REQUIREMENT
Please set down, exactly as written, the line containing "## Product Information" and every line after it through the end of the records.

INPUT MATERIAL
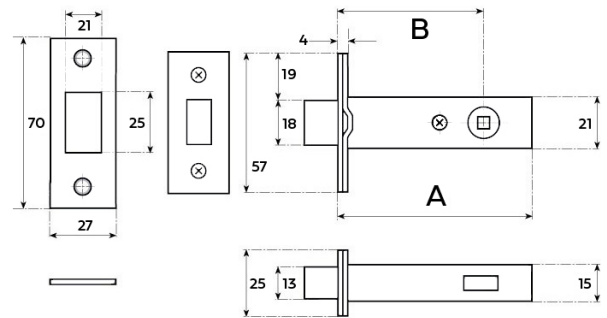

# CROFT

**Product Code:** M003

**Product Name:** Tubular Privacy Deadbolt

**Description:** A tubular deadbolt for use with a bathroom turn & release and privacy turn

Available with a 60mm or 75mm backset.

## Product Information

2 sizes available:

M003-60 (A = 83mm, B = 60mm)

M003-75 (A = 100mm, B = 75mm)

Available in all Croft finishes excluding DAB, DAN, DORB, IBMA, IBUL, MBK, ORB, RBMA, TB, CN, DCN,

RESULT BELOW
## Product Information

2 sizes available:

M003-60 (A = 83mm, B = 60mm)

M003-75 (A = 100mm, B = 75mm)

Available in all Croft finishes excluding DAB, DAN, DORB, IBMA, IBUL, MBK, ORB, RBMA, TB, CN, DCN,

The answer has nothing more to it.